CAPÍTULO 1
MARIELA VILLANUEVA
NARRADOR
Desde mi infancia, mi madre nos llevaba a mis hermanos y a mí al campo, que queda a unas horas de distancia de la ciudad. Ese lugar, con su clima diferente, transmitía paz y tranquilidad, nada que ver con el caos urbano. Solíamos visitar a unos amigos de mi madre, a quienes consideraba parte de su familia, y ellos nos recibían siempre con calidez, amabilidad y felicidad por nuestra presencia. Era tal su cariño que no querían que el día de nuestra partida llegara nunca. La familia de estos amigos era numerosa; la pareja tenía siete hijos, además de un hijo del primer matrimonio del señor: cinco hombres y dos niñas. Uno de ellos, el segundo mayor de los siete, me atraía profundamente, pero nunca le demostré mi interés. Compartíamos todo, y mi trato con todos era igual, aunque él me llevaba tres años de diferencia.
Las visitas al pequeño pueblo eran frecuentes: cada fin de semana, en vacaciones o en cualquier oportunidad que se presentara a mi madre. Así pasaron los años. No sé si ese hombre llegó a notar algo en mí, pero sus ojos negros me miraban de una manera que no sabía interpretar. Su mirada era intensa. Lo que sí noté fueron sus coqueteos e insinuaciones; la forma en que pronunciaba cada palabra tenía un toque sensual y, a la vez, burlón. A pesar de que me gustaba y sentía la tentación de corresponderle, me resistía. Él tenía novia y no quería ser un plato de segunda mesa.
Así pasaron los meses. Las visitas eran constantes, y cuando no viajábamos al campo, los amigos de mi madre venían a la ciudad, y casualmente, el chico que tanto me gustaba se quedaba en casa. La amistad entre ellos y mi madre se fortalecía, y la convivencia se volvía más atrevida con el paso del tiempo. Cumplí diecisiete años y, en algunas ocasiones, ya viajaba sola; mi madre confiaba a ojos cerrados en mí y también en los padres de Enrre Ramírez.
En uno de esos viajes, me enteré de que Enrre había terminado con aquella mujer. Algo dentro de mí sintió emoción, quizás esperanza. Nunca supe el motivo real de su ruptura, o si era cierto que la familia de su novia no lo quería como pareja para ella. Aunque se exhibían como pareja, lo hacían solo en privado, ya que la familia de ella la obligó a casarse con un hombre que le doblaba la edad. Un tiempo después, supe que ella se casó, confirmando lo que había escuchado.
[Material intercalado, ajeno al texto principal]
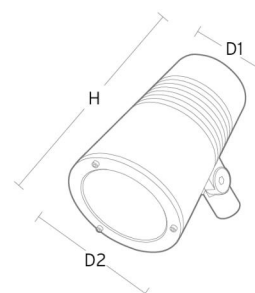

Wax Grå 27° 3710lm 4000K Ra>80 Ej dimbar

Enummer: 7764471
 EAN: 5703821172790
 SG nummer: 8246090672

Elektrisk

Systemeffekt: 41W
 Spänning: 220-240V

Belysningslösning

Ljuskälla: LED
 Lumen output: 3710lm
 Armaturljusflöde: 90 lm/W
 Färgtemperatur: 4000K
 Färgtolkningsindex (CRI/Ra): Ra>80
 MacAdams faktor: SDCM: 2
 Brinntid: L90/B10>100.000
 Ljusuttag: Direkt
 Optik: Reflektor flodljus 27 gr.
 Ljusspridning: 27°

Material och finish

Material: Formgjuten aluminium
 Färg: Grå (struktur 2150 sobel)
 Avskärmning material: Härdat glas

Montering/anslutning

Montering: Påle, vägg, pollare eller jordspett, Utomhus
 Kabel: Kabel 2x1mm² 10m
 Projicerad yta mot vind: 0,0403m² - Max 5,3 kg

Mått

Höjd (mm) H: 268
 Diameter (mm) D: 180
 Vikt (kg) brutto/netto: 4.8 / 4.6

Förpackning

Förpackning mått (mm): 275 x 275 x 275

cd/kdm
 — C0/C180
 — C90/C270

η = 100 %

5 7 0 3 8 2 1 1 7 2 7 9 0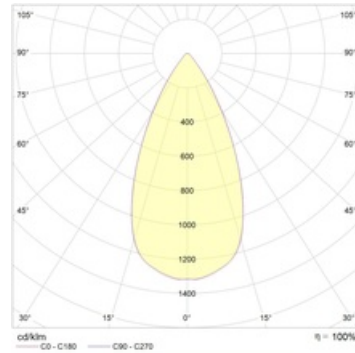

Оптическая часть

Отражатель

Package

Светильник в сборе. Может поставляться без драйвера

Габаритные характеристики

A	Диаметр	78 мм
C	Высота	88 мм
D	Диаметр (установочный)	67 мм
	Вес	0,4 кг

Параметры

1	Артикул	1693000600
2	Тип ИС	LED
3	Световой поток	1500 лм
4	Мощность светильника	15 Вт
5	Энергоэффективность	100 лм/Вт
6	Индекс цветопередачи (CRI)	>80
7	Коррелированная цветовая температура (в сфере)	4000 К
8	Коэффициент мощности (cos φ)	> 0,80
9	Переменный/постоянный ток (AC/DC)	Нет
10	Диммирование	Протокол DALI
11	Напряжение питания	230 В
12	Класс защиты от поражения током	II
13	Электромагнитная совместимость (TR TC 020/2011)	Да
14	Климатическое исполнение	УХЛ4
15	Температурный режим	от +5 до +35 С
16	Цвет корпуса	Белый
17	Класс пожароопасности	П-III
18	Коэффициент пульсации	<15%
19	Степень защиты (IP)	IP20
20	Ударопрочность	IK02/0,2 Дж
21	Класс энергоэффективности	A+
22	Пусковой ток	5 А
23	Время импульса пускового тока	50 мкс
24	Блок аварийного питания	Нет
25	Угол рассеяния	D45
26	Гарантия	36 мес.
27	Время работы в аварийном режиме, ч.	-
28	Световой поток в аварийном режиме	-
29	Цвет свечения	Белый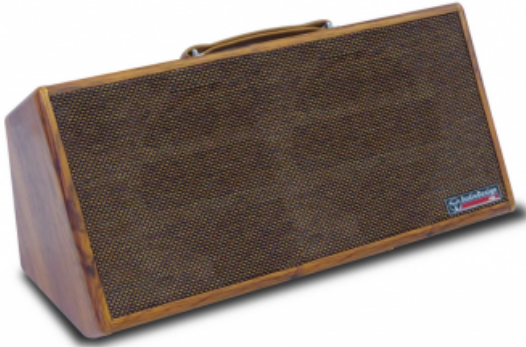

AUDIODESIGN GIPSY 2x8 MKII

359,00 € tax included

Reference: AUGIPSY2X8MKII

AUDIODESIGN GIPSY 2x8 MKII COMBO CHITARRA
ACUSTICA CON BATTERIA INTERNA

AUDIODESIGN GIPSY 2x8 MKII COMBO PER ACUSTICA

Amplificatore portatile per chitarra e voce a batteria con diffusori 2x8?.

Caratteristiche:

- Woofer: 2x8" - 2x200 mm * Tweeter: 2 a cono
- Potenza MAX: 100 W
- Potenza RMS: 50 W
- Portatile a batteria agli Ioni di Litio (durata di funzionamento 8-10 ore).
- Ingresso bilanciato per chitarra acustica
- Ingresso sbilanciato per chitarra elettrica, tastiere o microfono
- Regolazione bassi, medi e alti e 6 effetti sui due ingressi principali
- PAD - 10 dB sul livello degli ingressi Jack e combo.
- Ingresso mini jack stereo 3,5 mm per una sorgente esterna PC, smartphone, tablet o lettore MP3
- Bluetooth per collegarsi a un computer portatile, smartphone, tablet o lettore MP3.
- Lettore USB per file musicali in formato MP3 e WAV.
- Registrazione su chiavetta USB in formato Mp3.
- 5 Preset di suono sul lettore USB o sulla connessione Bluetooth
- Possibilita? di alimentare un pedale multieffetto, un mixer o uno smartphone tramite la presa USB
- Connessione Jack per un pedale supplementare (non fornito) per cambiare gli effetti.
- Misure: LxAxP: 47 x 25 x 23 cm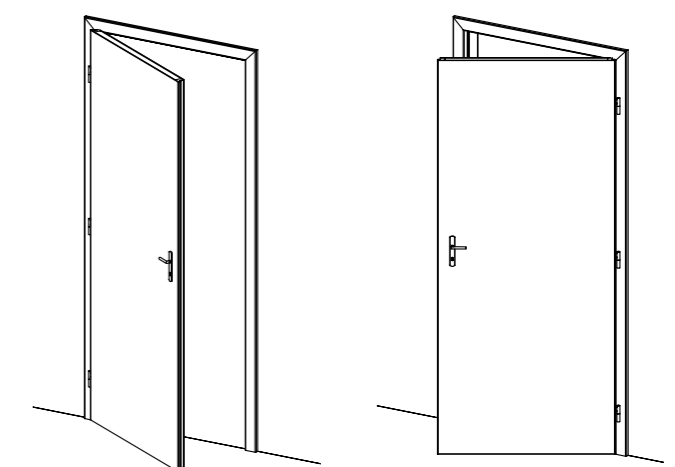

Jak správně určit pravou a levou zárubeň?

1. Stoupnete si čelem na tu stranu dveří, kde vidíte závěsy dveří.
2. Dle toho, na které straně se závěsy dveří nacházejí, potřebujete zárubeň - pravou nebo levou.
3. Obložková zárubeň slepá tzn. bez závěsů se používá u posuvných dveří nebo u průchodů bez dveří.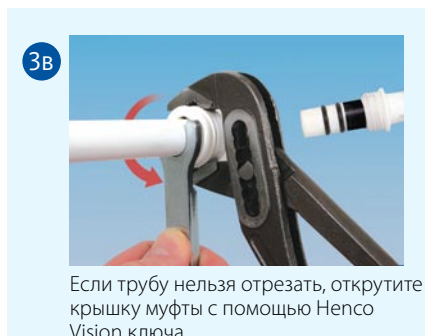

Сборка Vision

С Vision нужно проделать три шага, чтобы получить надежное соединение:

- 1. ОТРЕЗАТЬ** - Убедитесь, что срез ровный 90° . Ненсо резак гильотинного типа имеет опоры для поддержания трубы при резке
- 2. ОТКАЛИБРОВАТЬ** - Трубы калибратором Henco Kalispeed. Вставьте калибратор в трубу, вращайте по часовой стрелке пока не получится ровная фаска на внутренней и внешней стороне трубы. Важно удалить всю стружку.
- 3. ВСТАВИТЬ** - После снятия защитной крышки вставьте трубу до упора в фитинг. Используйте Vision окошки, чтобы убедиться, что труба вставлена полностью

1 ОТРЕЗАТЬ

2 ОТКАЛИБРОВАТЬ

3 ВСТАВИТЬ

Демонтаж Vision

Henco Vision фитинг может быть разобран очень легко.

Даже O-кольца могут быть легко заменены; например при возникновении течи в процессе опресковки, возможно вследствие плохой калибровки.

ПРЕИМУЩЕСТВА

Henco Vision снабжен защитной крышкой от попадания грязи в фитинг.

Vision - быстро разбирается.

Внешнее O-кольцо и Vision крышка с окошками защищают фитинг от попадания грязи, воды, различных веществ или цемента.

Vision - легко восстанавливается.

Два внутренних O-кольца предохраняют от утечки воды из трубы.

Vision - радует глаз.

Vision имеет уникальное направляющее кольцо, придающее дополнительную силу и стабильность фиксирующему кольцу.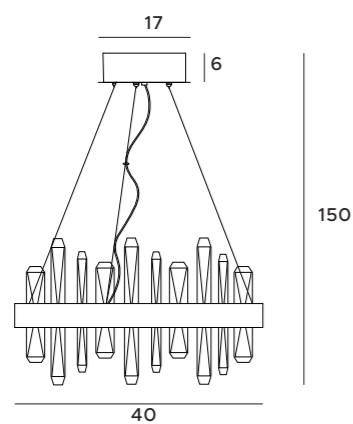

P0420

1x 21W 1260lm 3200K

złote	gold
metal, szkło	metal, glass

LED
in. + traf.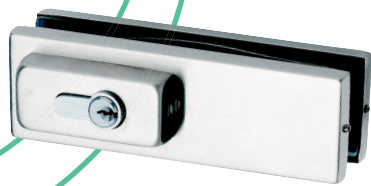

	
1.100 mm	8 mm - 12 mm

EF0601.040.31

Bovendraaispil
Fixation au plafond avec pivot

EF0601.045.13

Onderdraaispil
Fixation au sol avec pivot

EF0601.055.31

Schoen voor bovenlicht met spil incl.
muurplaat
Contre-sabot d'imposte avec pivot, y
compris platine pour fixation au mur

EF0601.060.31

Bovenschoen met spil voor boven- en
zijlicht
Pièce de jonction avec pivot

EF0601.070.31

Hoekverbinding glas/glas
Pièce de fixation verre/verre

EF0601.082.31

Klemverbinding voor muur/glas
Pièce de fixation verre/mur

EF0701.030.31

Middenslot excl. cilinder
Serrure centrale sans cylindre

8 mm -
12 mm

EF0701.040.31

Tegenkast voor middenslot EF0701.030
Palastre pour serrure EF0701.030

8 mm -
12 mm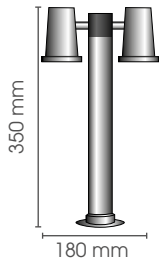

San Remo XL 35 duo

SR XL 35/2

IP

55

12V/2 x 35W
GU 5,3

Optional: transformer 12V

55

230V/2 x 35W
GU 10

No quise preguntar sobre el tema; era algo que no me correspondía.
El coqueteo de Enrre siempre estuvo presente, y fue entonces cuando decidí dejarme llevar, porque, a pesar del tiempo, mis sentimientos por él permanecían intactos. No había nada que me lo impidiera. El frío que recorría mi cuerpo se intensificaba cada vez que compartíamos besos, esos besos que no tardaban en llegar cada vez que estábamos a solas. Su coqueteo y picardía me encantaban, y yo también le coqueteaba, dejándome llevar por su boca que me derretía. Las mariposas en mi estómago estaban alocadas por tantas sensaciones juntas. Solo eran besos, hasta que, con el tiempo, me dejé tocar.
Buscábamos cualquier rincón oscuro y desolado, donde pudiéramos estar solos. Su mano se posó en uno de mis senos mientras su boca devoraba la mía, provocando gemidos en mí. Mi cuerpo comenzó a experimentar nuevas sensaciones de deseo; lo deseaba, quería más de él, más de esas nuevas experiencias que sus toques me provocaban. Siempre hubo límites que no cruzamos, aunque ambos queríamos hacerlo. Mi freno era mi madre; temía decepcionarla y pensaba en las consecuencias de entregarme a él. El freno de él, tal vez, era que yo era menor de edad y él tenía veinte años.
Regresaba a la ciudad feliz por haber pasado un fin de semana increíble, con tantas cosas que estaba viviendo y sintiendo. Estaba con el hombre que correspondía a mis sentimientos, o al menos así lo veía yo. Flotaba en una burbuja de amor e ilusiones que solo existía en mi cabeza.